## How to complete this task
Find every line in the records below that holds the word "flow", and copy each one.

## Data excerpts
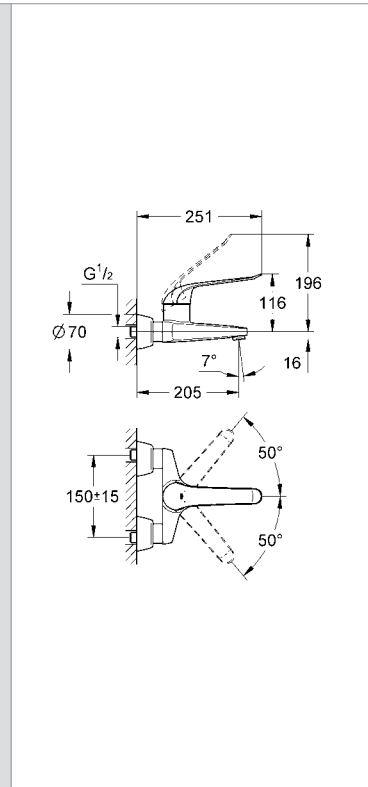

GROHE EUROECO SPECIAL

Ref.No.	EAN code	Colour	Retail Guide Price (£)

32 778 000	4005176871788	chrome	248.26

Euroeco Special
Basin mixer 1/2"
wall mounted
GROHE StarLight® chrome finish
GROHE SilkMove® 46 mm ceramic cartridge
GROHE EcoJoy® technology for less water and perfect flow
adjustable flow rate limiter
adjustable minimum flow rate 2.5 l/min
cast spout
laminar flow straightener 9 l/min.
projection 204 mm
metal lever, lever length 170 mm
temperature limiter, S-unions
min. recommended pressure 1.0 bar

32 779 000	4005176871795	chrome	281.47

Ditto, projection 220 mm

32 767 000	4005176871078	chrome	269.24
* * *
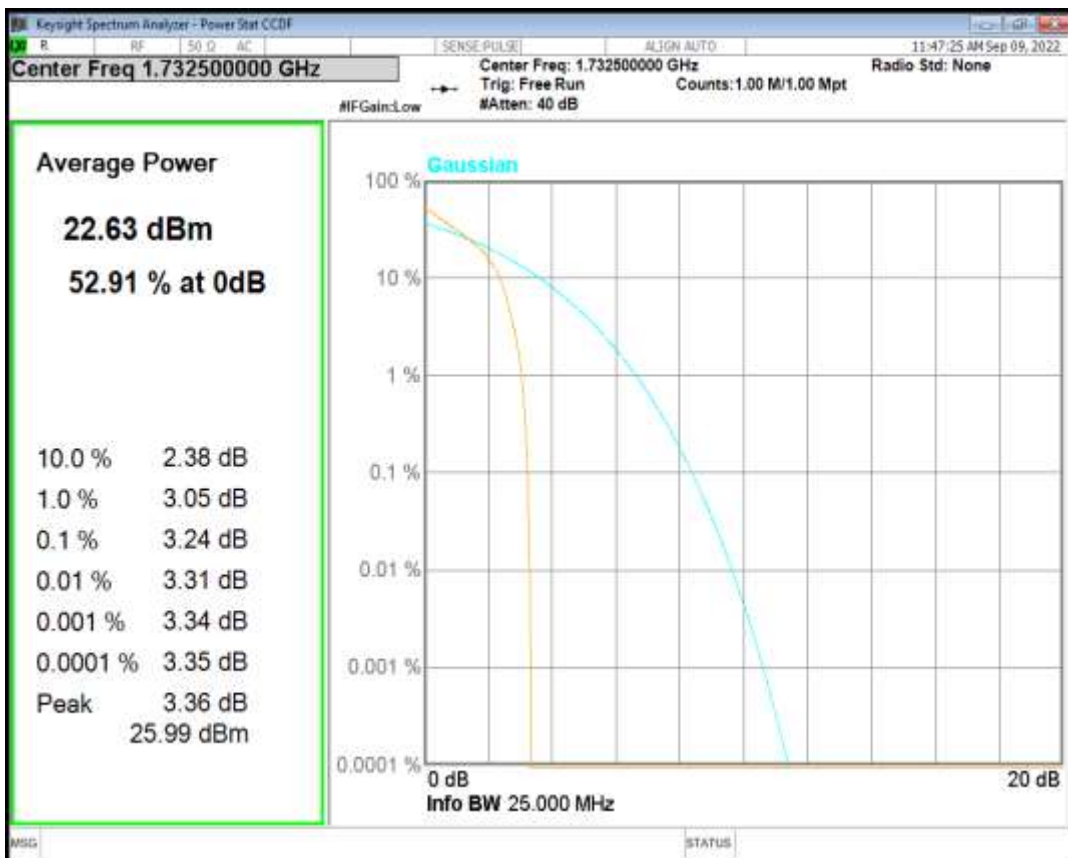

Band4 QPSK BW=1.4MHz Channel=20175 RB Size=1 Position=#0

## Written response
GROHE EcoJoy® technology for less water and perfect flow
adjustable flow rate limiter
adjustable minimum flow rate 2.5 l/min
laminar flow straightener 9 l/min.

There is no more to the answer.